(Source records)
■ ■ ■ ■ ■

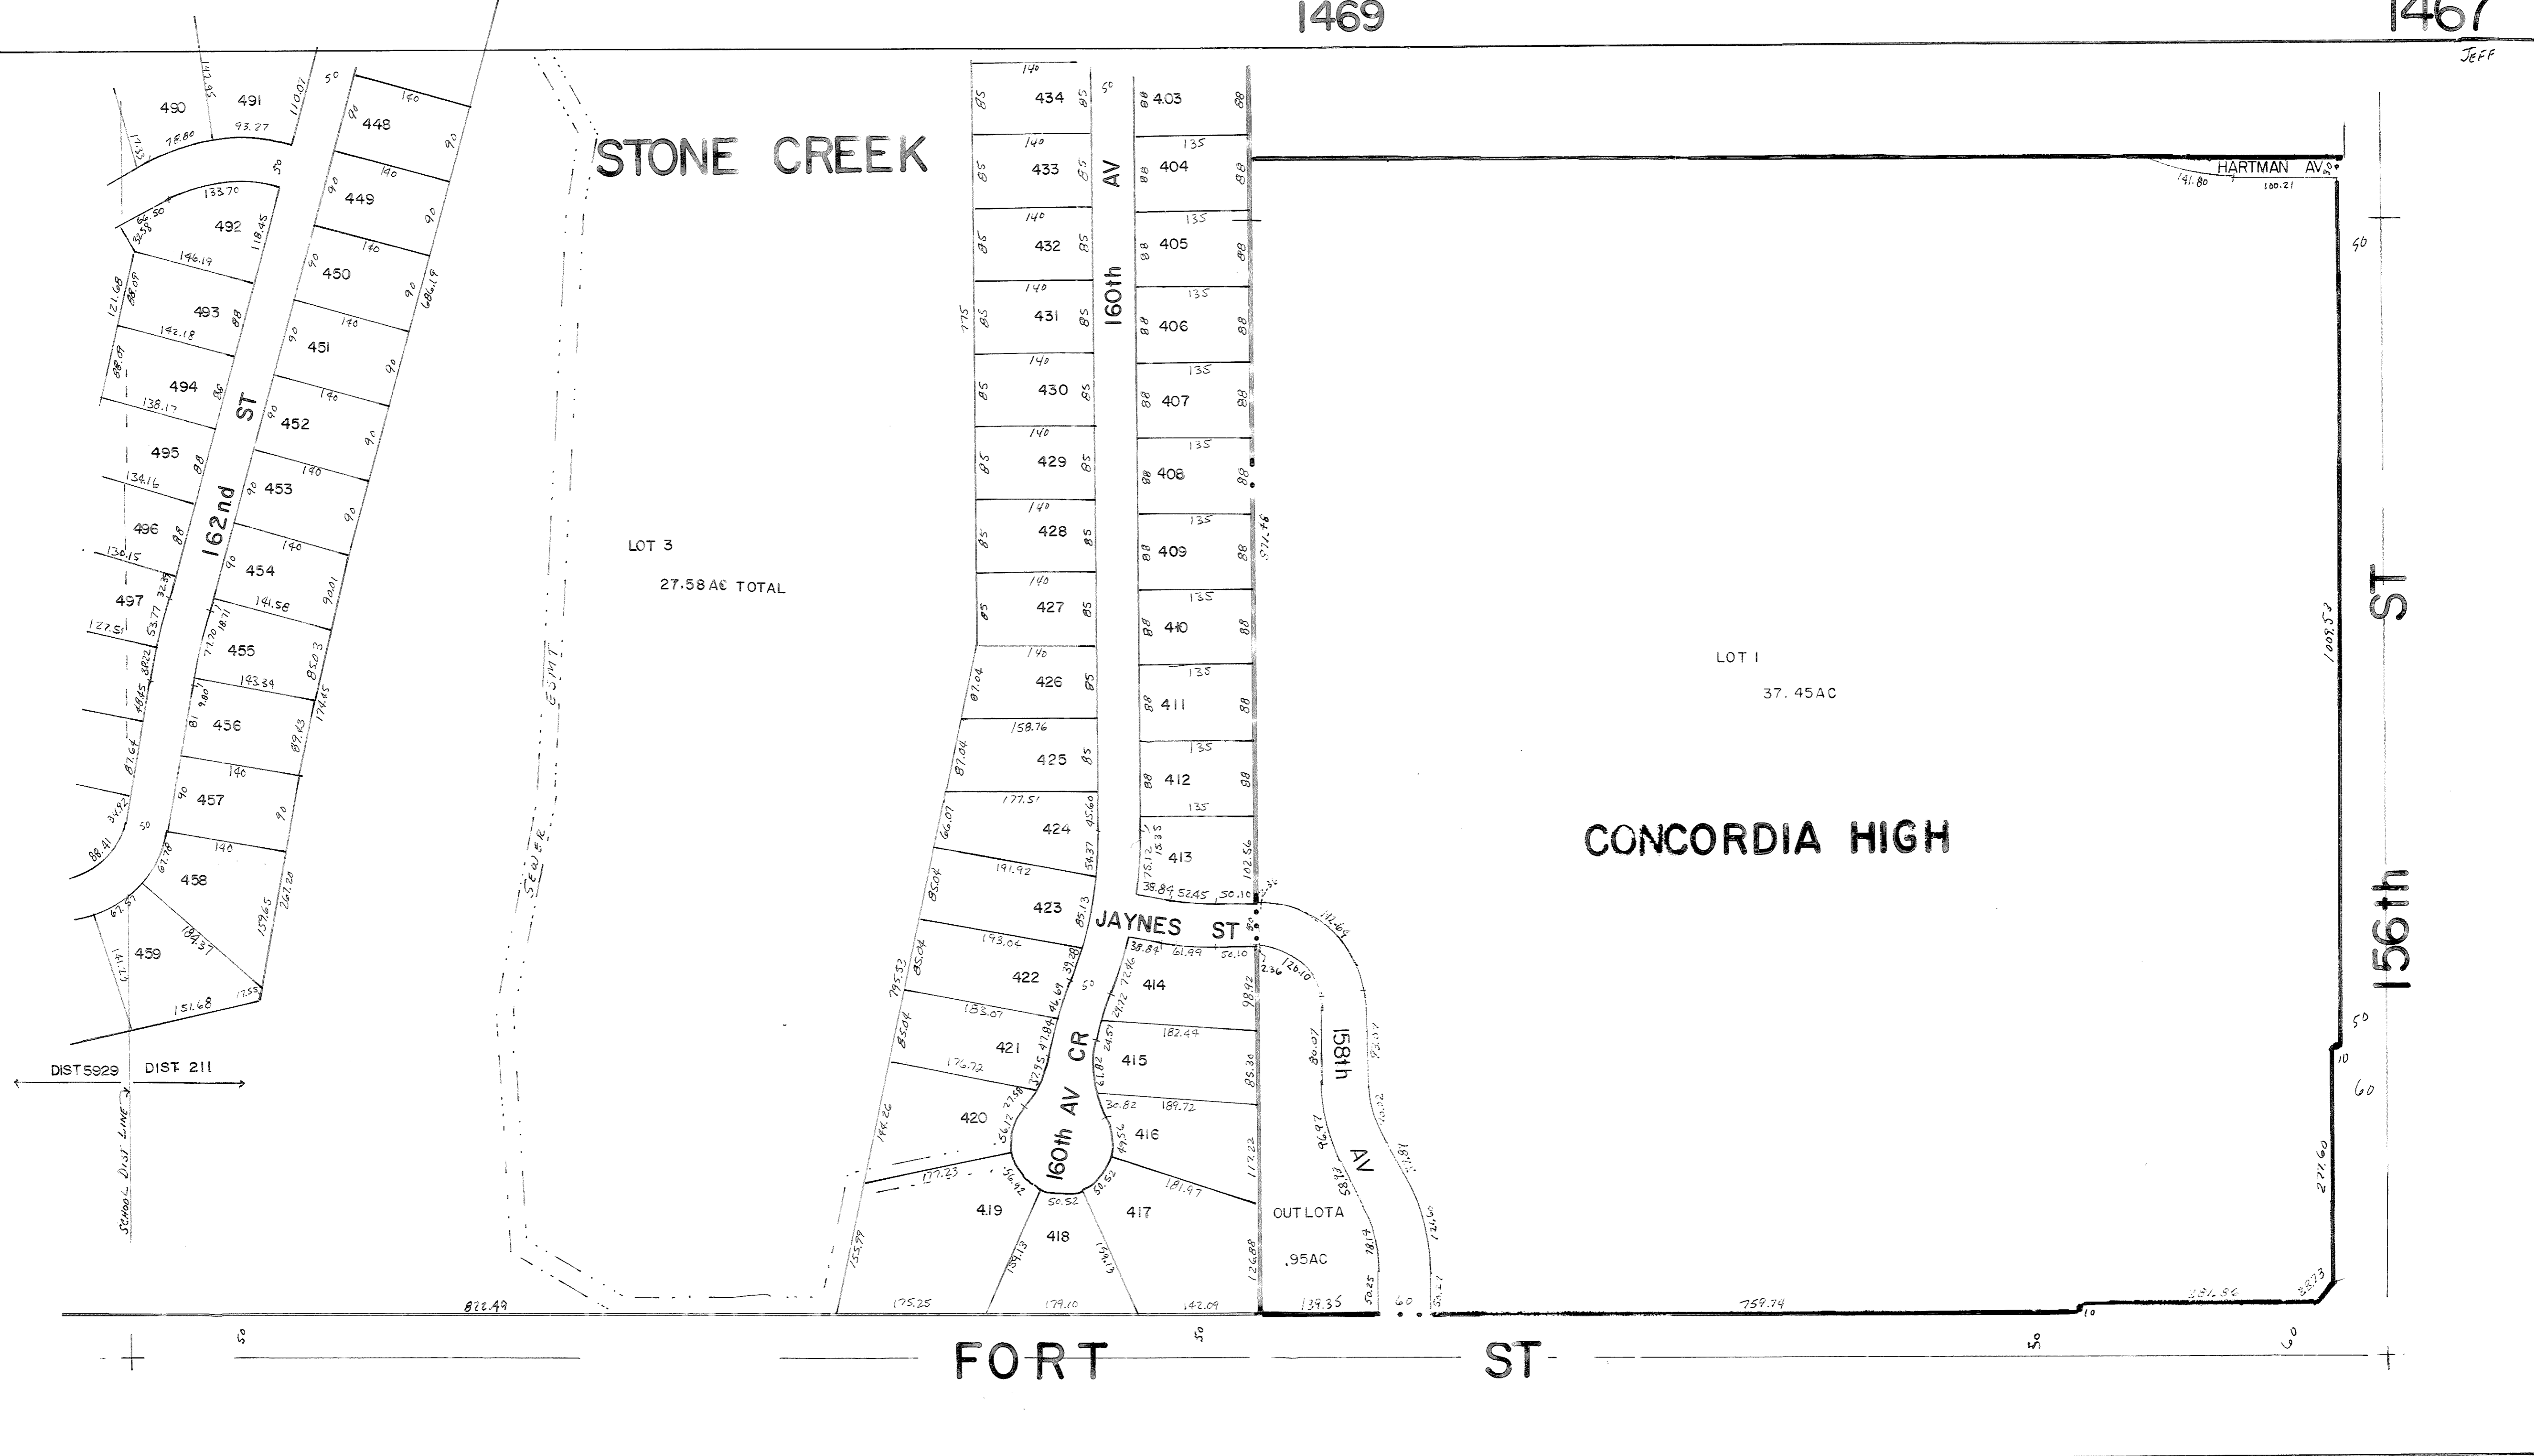

1468

1469

1467

JEFF

STONE CREEK

LOT 3  
27.58 AC TOTAL

LOT 1  
37.45 AC

CONCORDIA HIGH

FORT ST

156th ST

58-1

S 1/2 SE 1/4 SEC 34-16-11

40-1
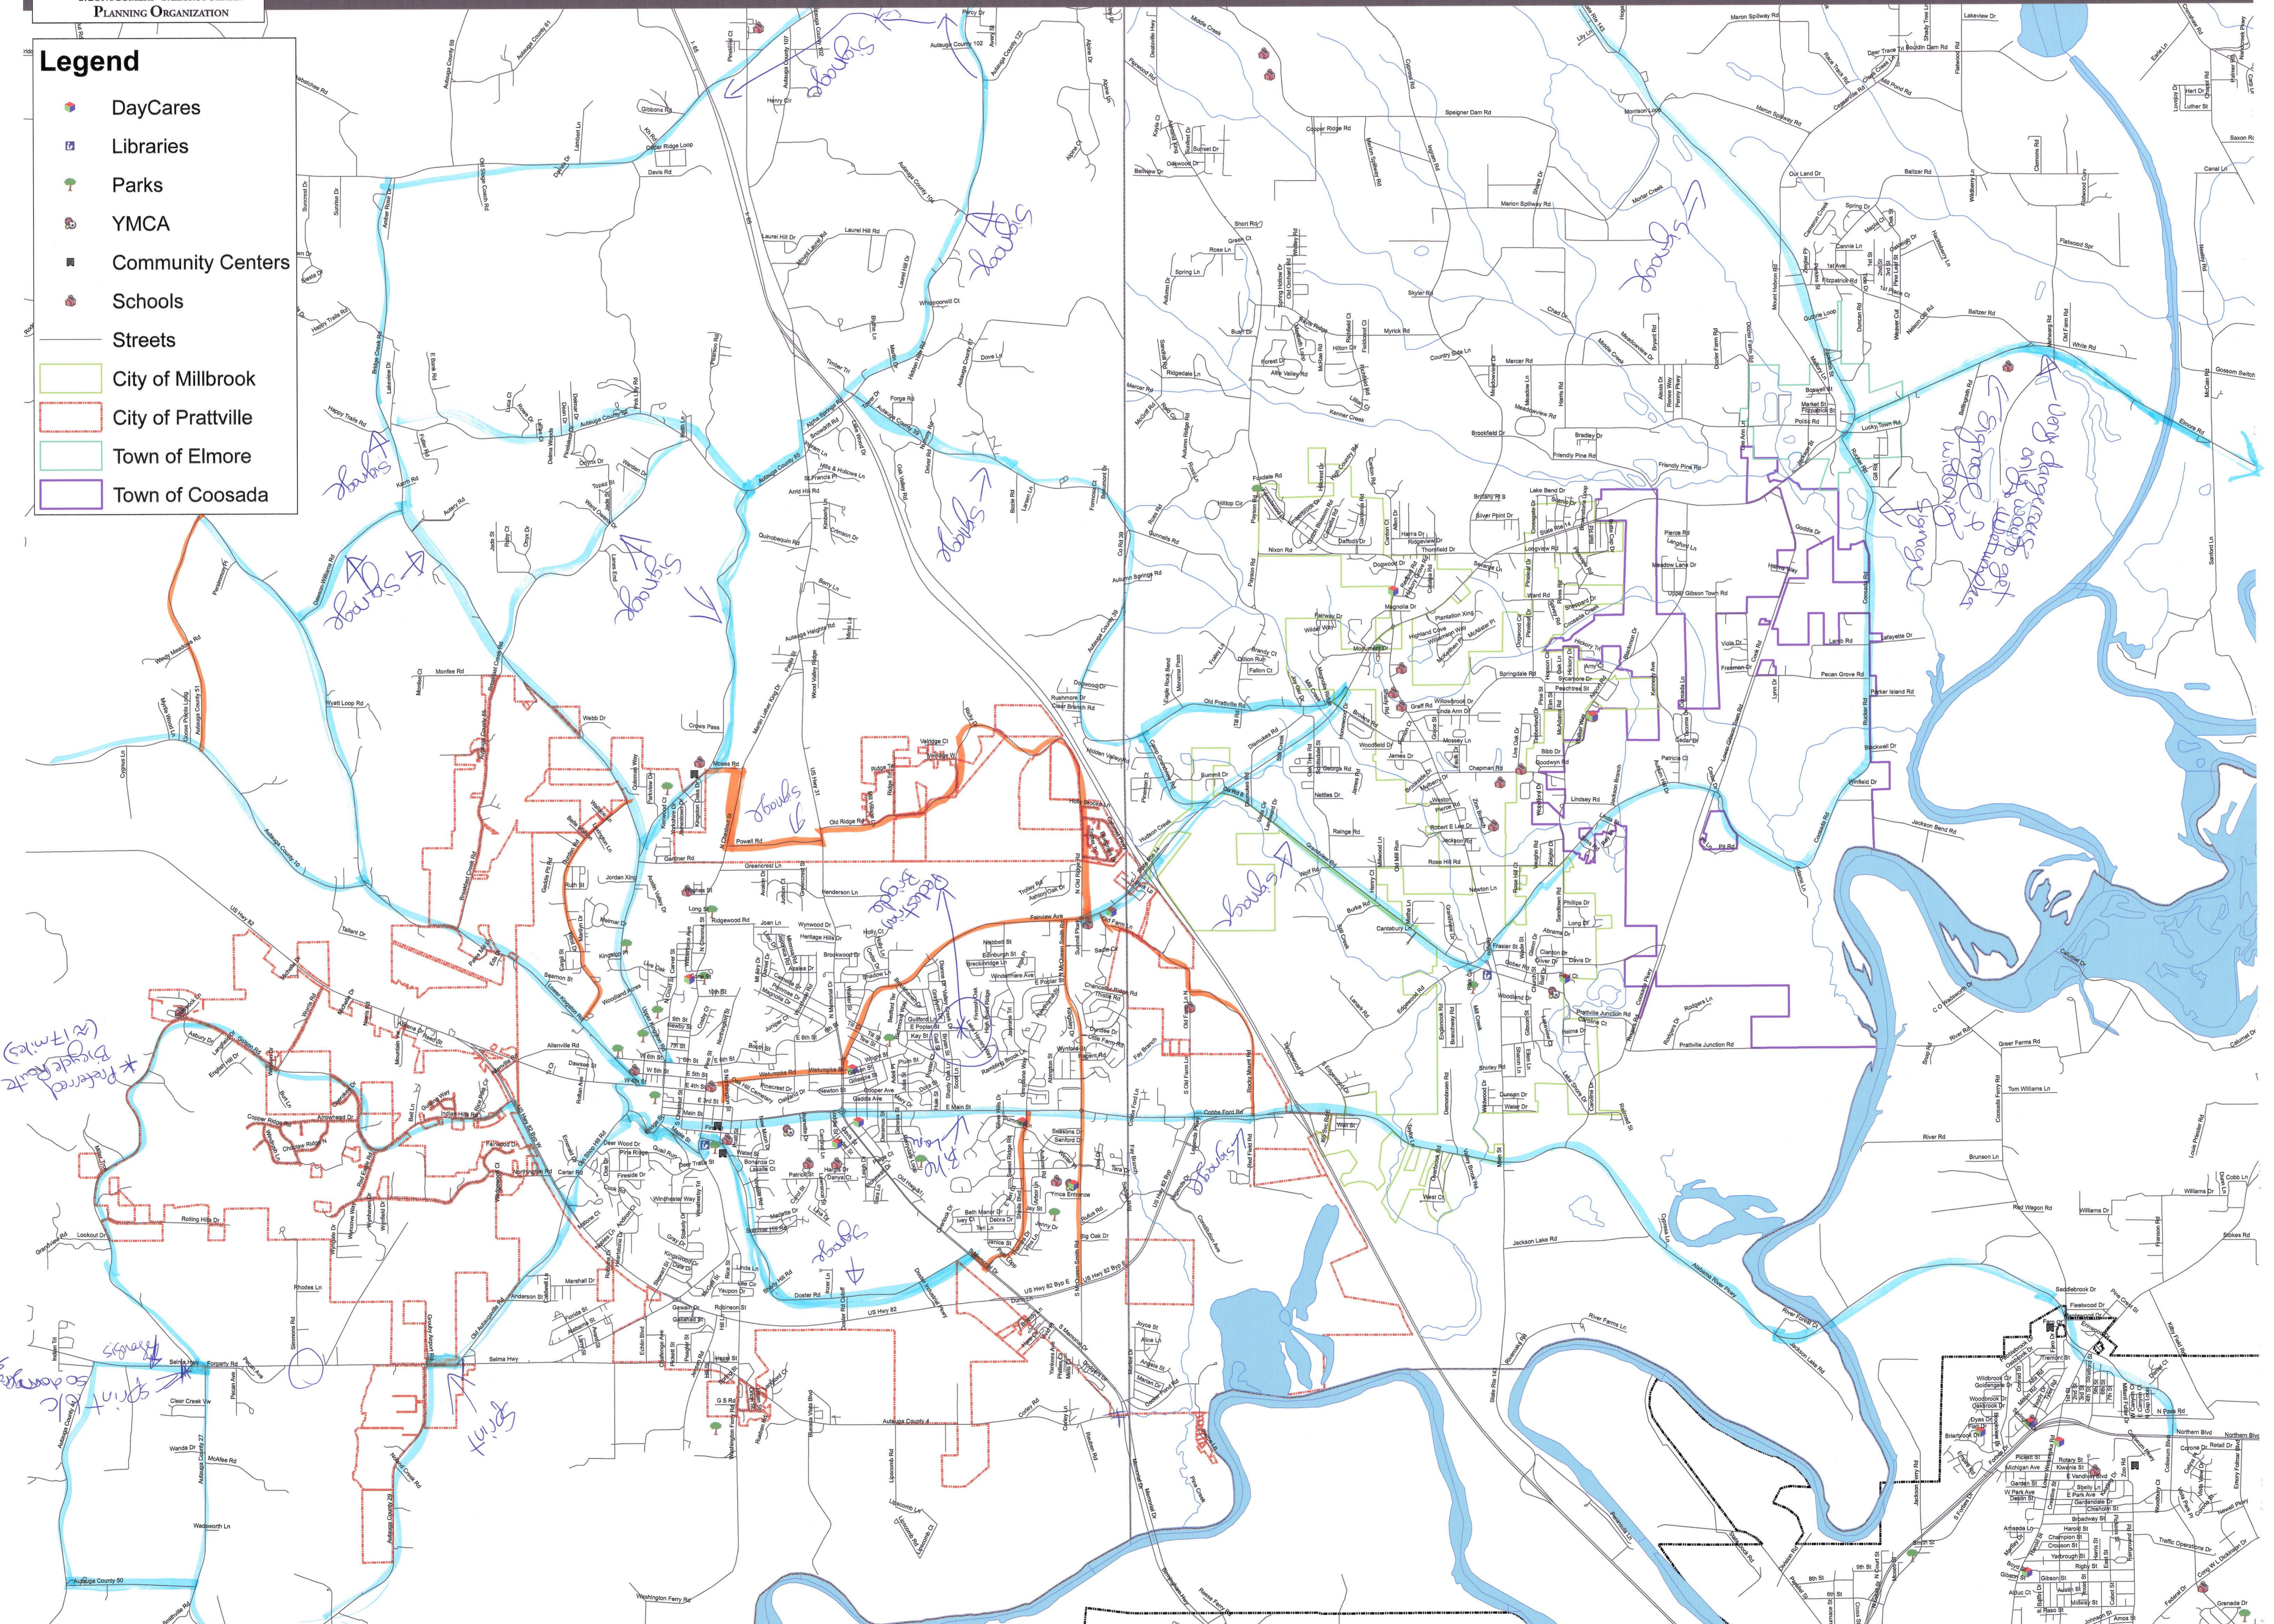

# Montgomery MPO Bicycle and Pedestrian Plan Update - 2010

MONTGOMERY METROPOLITAN  
PLANNING ORGANIZATION

## Legend

- DayCares
- Libraries
- Parks
- YMCA
- Community Centers
- Schools
- Streets
- City of Millbrook
- City of Prattville
- Town of Elmore
- Town of Coosada

Public Meeting
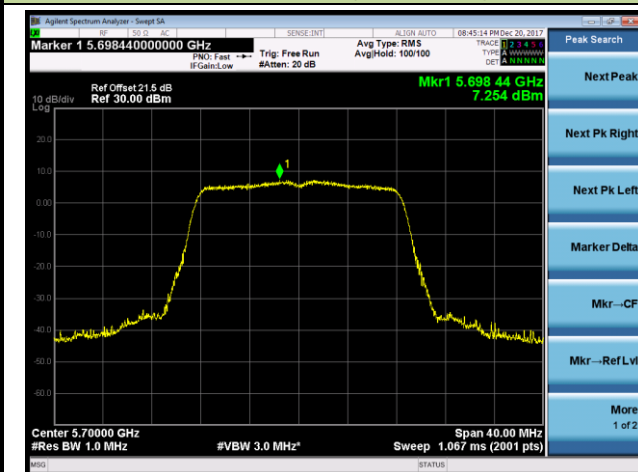

Channel 140 (5700MHz)
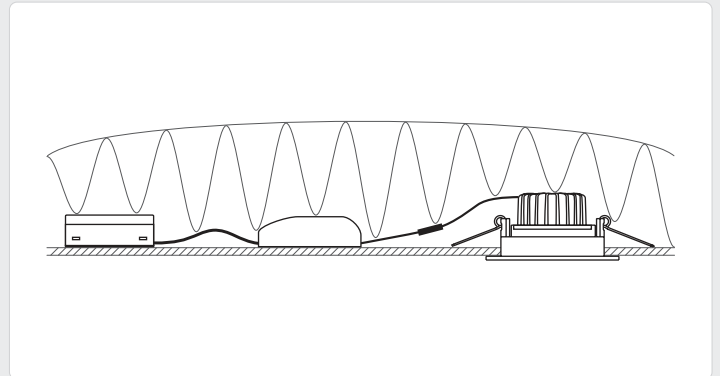

# Velia Tilt Dim to Warm

This product contains a light source in energy efficiency class **G**

Find the updated manual on our website - [nordtronic.com](http://nordtronic.com)  
With reservation for typing errors
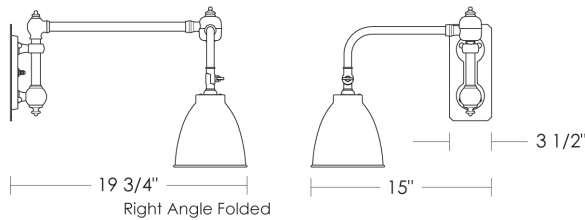

Requires 2" x 4"  
Junction Box

Options: For Extended Arm [Glass Shade], please specify  
UA0029-E IS

- Related Items: Chart Light
- Short Arm UA0028-S IS
- Short Arm [Glass Shade] UA0029-S IS
- Extended Arm [Glass Shade] UA0029-E IS

■ ■ ■ ■ ■

About this exercise
Exact lines, nothing more: output the one with "With reservation for typing errors" and every later line through the end of the data, skipping pictures.

Solution to this exercise
With reservation for typing errors

Requires 2" x 4"  
Junction Box

Options: For Extended Arm [Glass Shade], please specify  
UA0029-E IS

- Related Items: Chart Light
- Short Arm UA0028-S IS
- Short Arm [Glass Shade] UA0029-S IS
- Extended Arm [Glass Shade] UA0029-E IS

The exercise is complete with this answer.